Das erste Album des Wunderkinds aus Großbritannien klingt oberschlau. Kein Wunder, denn James Blake ist tatsächlich oberschlau.
Er steht auf der Liste aller Wichtigtuerlisten. Er ist der Darling der Musikblogs und daher auch im unsrigen schon zu hören. Und er ist wirklich gut, oder wie drüben im Standard festgestellt wird: modern.
Zugegeben, ein bisschen gar oberschlau kann einem das schlicht „James Blake“ betitelte Album des 22jährigen Briten James Blake schon vorkommen. Ein naturtrauriger Klavierspieler, der sich zeitgemäß frisiert, naja. Aber es soll schließlich auch Vorzugsschüler geben, die beliebt sind. Und da vor Blake noch keiner Klagelieder aus dem Dubstep-Club erfunden hat, gebührt ihm dieser Tage die Ehre, die ihm eben gebührt.
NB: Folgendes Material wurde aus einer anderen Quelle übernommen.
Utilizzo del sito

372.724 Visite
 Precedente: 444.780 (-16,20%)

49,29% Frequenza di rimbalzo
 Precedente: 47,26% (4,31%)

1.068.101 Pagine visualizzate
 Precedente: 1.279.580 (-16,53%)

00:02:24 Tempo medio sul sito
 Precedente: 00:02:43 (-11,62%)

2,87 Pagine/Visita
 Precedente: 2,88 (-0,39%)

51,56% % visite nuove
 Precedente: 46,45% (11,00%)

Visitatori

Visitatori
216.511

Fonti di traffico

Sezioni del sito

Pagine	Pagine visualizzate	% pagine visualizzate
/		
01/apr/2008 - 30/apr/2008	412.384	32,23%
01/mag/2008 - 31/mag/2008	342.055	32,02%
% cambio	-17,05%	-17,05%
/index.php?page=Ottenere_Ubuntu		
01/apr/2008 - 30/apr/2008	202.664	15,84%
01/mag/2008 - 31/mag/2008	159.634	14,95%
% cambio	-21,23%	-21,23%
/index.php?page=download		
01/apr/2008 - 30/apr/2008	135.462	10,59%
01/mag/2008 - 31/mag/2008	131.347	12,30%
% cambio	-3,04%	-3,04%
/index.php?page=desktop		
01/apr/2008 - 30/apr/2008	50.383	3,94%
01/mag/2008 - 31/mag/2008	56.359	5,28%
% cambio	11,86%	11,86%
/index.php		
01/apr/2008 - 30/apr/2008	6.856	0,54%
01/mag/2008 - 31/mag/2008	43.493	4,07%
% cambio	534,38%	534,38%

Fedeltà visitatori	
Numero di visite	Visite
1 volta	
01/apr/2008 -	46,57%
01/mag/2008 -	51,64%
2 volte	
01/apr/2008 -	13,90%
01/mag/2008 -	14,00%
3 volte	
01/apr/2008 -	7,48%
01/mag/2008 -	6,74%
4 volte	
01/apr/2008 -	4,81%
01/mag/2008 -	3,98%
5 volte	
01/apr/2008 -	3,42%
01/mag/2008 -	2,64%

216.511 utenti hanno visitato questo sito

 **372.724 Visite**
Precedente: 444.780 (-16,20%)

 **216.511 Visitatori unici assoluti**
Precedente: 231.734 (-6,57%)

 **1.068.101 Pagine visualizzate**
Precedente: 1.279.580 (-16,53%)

Das Tolle an dem mit 38 Minuten Gesamtlänge sehr schlank gehaltenen Album ist, dass es so schlüssig funktioniert. Pathos trifft auf Gerumpel trifft auf Kitsch trifft auf Geräusch – und damit ihm keiner Ideenlosigkeit vorwerfen kann, macht Mister Blake immer wieder ganz lange Pausen im Sinne der Dramaturgie. Wir lernen: Alles lässt sich steigern, und darum ist hier ganz wenig sehr viel.
Mit dieser Methode spannt er einen Bogen, der das ganze Werk zusammenhält, obwohl der Künstler mit seiner digital verfremdeten Stimme meist so wirkt, als wäre er bei seinen Songs gar nicht anwesend. Diese Kühle ist es auch, die Blake letztlich über den Vorwurf erhaben macht, er liefere auch nichts anderes als den Soundtrack für Neobiedermänner- und -frauen, die in Altbauwohnungen auf Ikea-Couch und Plastiksesseln aus den Siebzigern ihrer austauschbaren Individualität frönen.
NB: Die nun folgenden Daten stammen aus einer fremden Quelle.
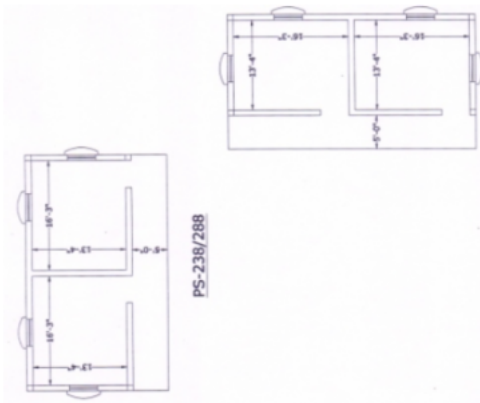

নির্বাচক নিবন্ধন আধিকারিকের স্বাক্ষর

Nazri Naksha

Google Map View

Polling Station Building Front View

Polling Station Front View

Cad View

Key MAP View

1 নাম : মিনাকী বিবি স্বামীর নাম: মহব্বত সেখ বাড়ির নং : n0305 বয়স : 33 লিঙ্গ : মহিলা	TWA1535814 ফটো উপলব্ধ	2 নাম : রাজু সেখ স্বামীর নাম: আয়রা বিবি বাড়ির নং : n0310 বয়স : 31 লিঙ্গ : পুরুষ	TWA1635812 ফটো উপলব্ধ	3 নাম : রাবিয়া বিবি স্বামীর নাম: জাহিরুল সেখ বাড়ির নং : n0350 বয়স : 32 লিঙ্গ : মহিলা	TWA1864024 ফটো উপলব্ধ
4 নাম : জাহাঙ্গীর মল্লিক পিতার নাম: কালিদাস মল্লিক বাড়ির নং : n0101 বয়স : 35 লিঙ্গ : পুরুষ	TWA1172766 ফটো উপলব্ধ	5 নাম : সেনতারী খাতুন স্বামীর নাম: নাজির সেখ বাড়ির নং : n0345 বয়স : 27 লিঙ্গ : মহিলা	TWA1863976 ফটো উপলব্ধ	6 নাম : সাবিয়া বিবি স্বামীর নাম: উজ্জল সেখ বাড়ির নং : n0354 বয়স : 28 লিঙ্গ : মহিলা	TWA1864065 ফটো উপলব্ধ
7 নাম : পারভিন সুলতানা স্বামীর নাম: জাহাঙ্গীর মল্লিক বাড়ির নং : n0362 বয়স : 28 লিঙ্গ : মহিলা	TWA1879865 ফটো উপলব্ধ	8 নাম : ফিরতাজ বিবি স্বামীর নাম: রফিকুল সেখ বাড়ির নং : n0341 বয়স : 33 লিঙ্গ : মহিলা	TWA1635820 ফটো উপলব্ধ	9 নাম : ফিরোজা খাতুন (বিবি) স্বামীর নাম: মিলিম হক বাড়ির নং : 00 বয়স : 34 লিঙ্গ : মহিলা	TWA1635838 ফটো উপলব্ধ
10 নাম : রেজিনা খাতুন স্বামীর নাম: হানিফ সেখ বাড়ির নং : n0309 বয়স : 36 লিঙ্গ : মহিলা	TWA1635804 ফটো উপলব্ধ	11 নাম : মেহেরনিকা বিবি স্বামীর নাম: সাকের আলি সেখ বাড়ির নং : n0117 বয়স : 35 লিঙ্গ : মহিলা	AEM1747914 ফটো উপলব্ধ	12 নাম : তহমিনা খাতুন পিতার নাম: আব্দুল সাত্তার খাঁ বাড়ির নং : N0208 বয়স : 33 লিঙ্গ : মহিলা	TWA1393446 ফটো উপলব্ধ
13 নাম : পারভিন সুলতানা স্বামীর নাম: আবেদার রহমান বাড়ির নং : N0073 বয়স : 34 লিঙ্গ : মহিলা	AEM2154870 ফটো উপলব্ধ	14 নাম : রুমা খাতুন স্বামীর নাম: ফকির আলি সেখ বাড়ির নং : n0117 বয়স : 27 লিঙ্গ : মহিলা	TWA2252823 ফটো উপলব্ধ	15 নাম : আয়েশা খাতুন পিতার নাম: সেখ আবু বাক্কার বাড়ির নং : N0313 বয়স : 30 লিঙ্গ : মহিলা	TWA1635853 ফটো উপলব্ধ
16 নাম : কাজী সোনারুল ইসলাম পিতার নাম: কাজী নজরুল ইসলাম বাড়ির নং : এন0340 বয়স : 27 লিঙ্গ : পুরুষ	TWA1863950 ফটো উপলব্ধ	17 নাম : আজমা খাতুন স্বামীর নাম: পলটু সেখ বাড়ির নং : n0333 বয়স : 28 লিঙ্গ : মহিলা	TWA1863778 ফটো উপলব্ধ	18 নাম : সনিয়া বিবি স্বামীর নাম: নুরসৈদ সেখ বাড়ির নং : n0117 বয়স : 25 লিঙ্গ : মহিলা	TWA1901313 ফটো উপলব্ধ
19 নাম : খুশি খাতুন স্বামীর নাম: নুরহুদা সেখ বাড়ির নং : n0117 বয়স : 28 লিঙ্গ : মহিলা	TWA1901131 ফটো উপলব্ধ	20 নাম : মহম্মদ জহির আব্বাস পিতার নাম: আবুল কালাম বাড়ির নং : এন0075 বয়স : 23 লিঙ্গ : পুরুষ	TWA2342723 ফটো উপলব্ধ	21 নাম : নাসপাতি খাতুন পিতার নাম: মনিরুল সেখ বাড়ির নং : এন0075 বয়স : 22 লিঙ্গ : মহিলা	TWA2412237 ফটো উপলব্ধ
22 নাম : মোসারফ হোসেন পিতার নাম: মনিরুল ইসলাম বাড়ির নং : এন0073 বয়স : 24 লিঙ্গ : পুরুষ	TWA2253276 ফটো উপলব্ধ	23 নাম : সাবিনা ইয়াসমিন স্বামীর নাম: দাউদার রহমান বাড়ির নং : এন0073 বয়স : 25 লিঙ্গ : মহিলা	TWA2253342 ফটো উপলব্ধ	24 নাম : কাজী জয়নাল আবেদিন পিতার নাম: কাজী জহরলাল বাড়ির নং : এন0214 বয়স : 24 লিঙ্গ : পুরুষ	TWA2433001 ফটো উপলব্ধ
25 নাম : কাজী জাহিরউদ্দীন পিতার নাম: কাজী জহরলাল বাড়ির নং : এন0214 বয়স : 23 লিঙ্গ : পুরুষ	TWA2433159 ফটো উপলব্ধ	26 নাম : সেখ আরিফ ল ইসলাম পিতার নাম: নুরসৌলম সেখ বাড়ির নং : N0106 বয়স : 24 লিঙ্গ : পুরুষ	TWA2254183 ফটো উপলব্ধ	27 নাম : সফিকুল ইসলাম পিতার নাম: ছবিল সেখ বাড়ির নং : n0112 বয়স : 27 লিঙ্গ : পুরুষ	TWA1901164 ফটো উপলব্ধ
28 নাম : তাহিনুর বিবি স্বামীর নাম: নুর মহম্মদ সেখ বাড়ির নং : n0112 বয়স : 26 লিঙ্গ : মহিলা	TWA1901263 ফটো উপলব্ধ	29 নাম : রফিকুল সেখ পিতার নাম: ছবিল সেখ বাড়ির নং : N0112 বয়স : 25 লিঙ্গ : পুরুষ	TWA2253136 ফটো উপলব্ধ	30 নাম : সেলিমা খাতুন স্বামীর নাম: আহম্মদ সেখ বাড়ির নং : N0112 বয়স : 26 লিঙ্গ : মহিলা	TWA2253037 ফটো উপলব্ধ

Vorgestern lief dort noch die Melancholie der Sängerin Feist, deren „Limit to Your Love“ Blake obendrein auch noch in entschleunigter Form covert, gestern liefen noch die Tränen Antony Hegartys und seiner Johnsons, heute ist James Blake mit seinem sehnsüchtigen Blick dran, oder?
Oder nein, das täuscht eigentlich. Hier gibt‘s nämlich keine Gefühle. Hier versuchen sich Roboter am Liebeskummer. Hier haben Computer den Blues. Hier ist alles nicht echt. Hier erfindet einer Popmusik für Super-Nerds. Und wie schon gesagt: Guten Erfindern gebührt die Ehre, die ihnen eben gebührt.